Here are a few example measures for each category:
Presence measures are relatively straightforward – Nielsen/IRI simply track and record the merchandising conditions. If the product sells when there’s a TPR, a retailer feature and/or a secondary display, then that sale counts as a promoted sale. If no promotions are present, then the sale counts as a non-promoted sale.
Impact measures are more complex – they require estimation and rely on historical data. To provide impact measures, IRI and Nielsen must estimate base volume. Base volume tells you what your sales would have been if there had been no promotion. I’ll share more details about how base volume is estimated in future posts.
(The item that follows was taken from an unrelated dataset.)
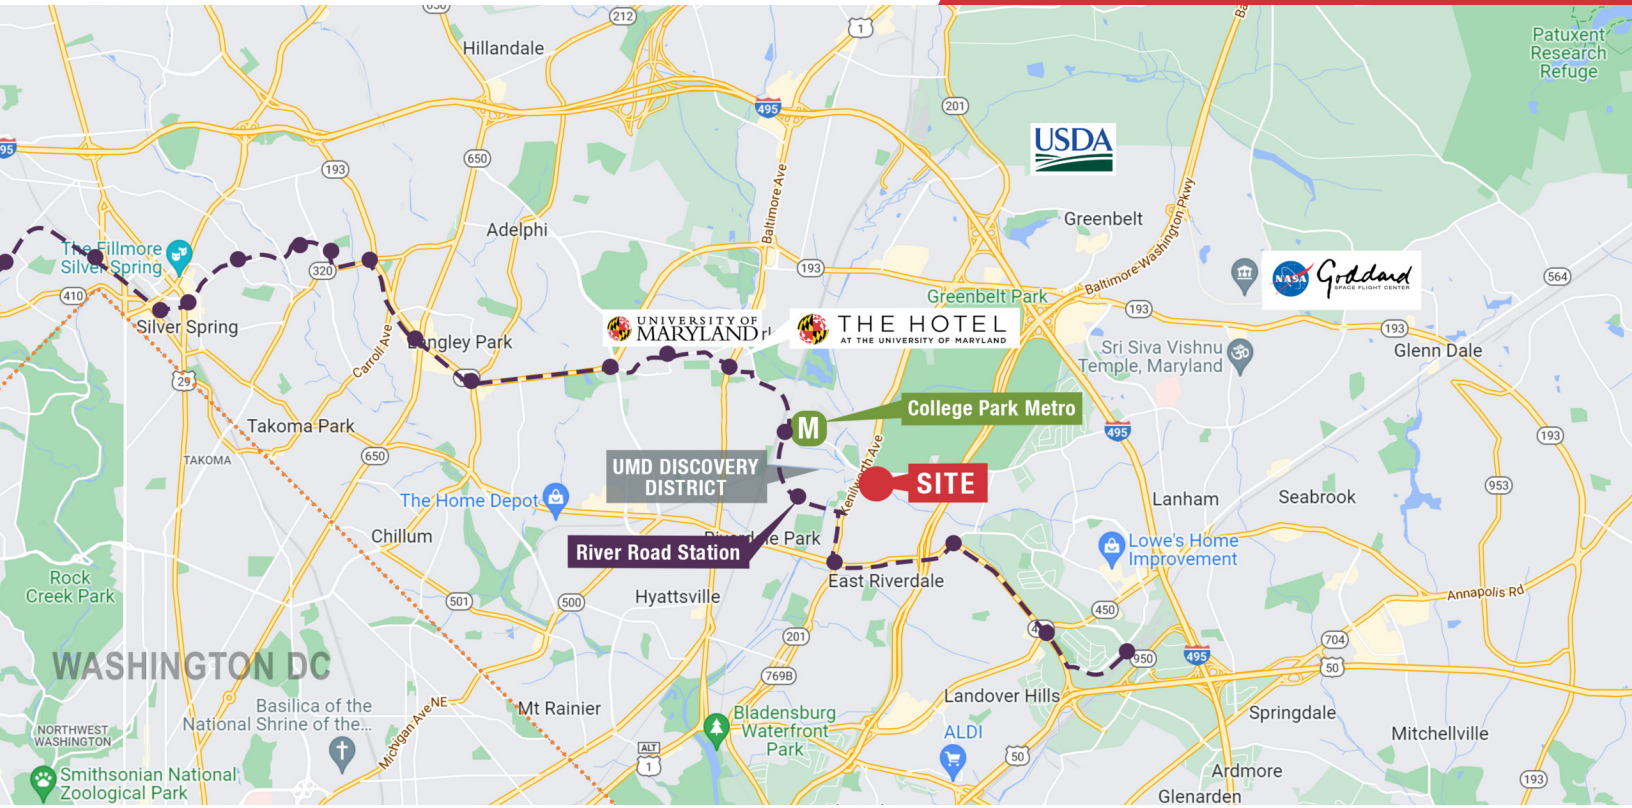

The information contained herein has been given to us by the owner of the property or other sources we deem reliable. We have no reason to doubt its accuracy, but we do not guarantee it. Floor plans, site plans and other graphic representations of this property have been reduced and reproduced, and are not necessarily to scale. All information should be verified prior to purchase or lease.

10100 Business Pkwy
Lanham, MD 20706
301 459 4400 tel
naimichael.com

Once Nielsen/IRI estimate base volume, they compare it to actual total volume, and the difference is incremental volume:
Total Volume – Base Volume = Incremental Volume
Have your managers asked you the common question: “What would sales have been without that promotion?” You have to look at base sales. Non-promoted sales will give you the wrong answer. Here’s a simple example to demonstrate why:
Let’s say you sell chocolate milk. Last week, Anytown Foods sold your product at regular price. This week, they discounted the price of your chocolate milk in every store and featured it in the retailer’s in-store circular. Your sales go up! IRI/Nielsen report:
Let’s go back to our question: “What would sales have been without that promotion?” We look at Week 2 (the promotion week). Non-promoted sales (Units – No Promo) are 0. Because every store had the product on promotion, there are no non-promoted sales. See why this is not the right measure to use when answering this question?
Although the difference between non-promoted sales and base sales is clear in our simple example, it becomes harder to spot when looking at data for a whole market over a longer period of time. Just remember that promoted and non-promoted sales don’t give an accurate picture of what would have happened without the promotion. Only incremental and base sales do that job.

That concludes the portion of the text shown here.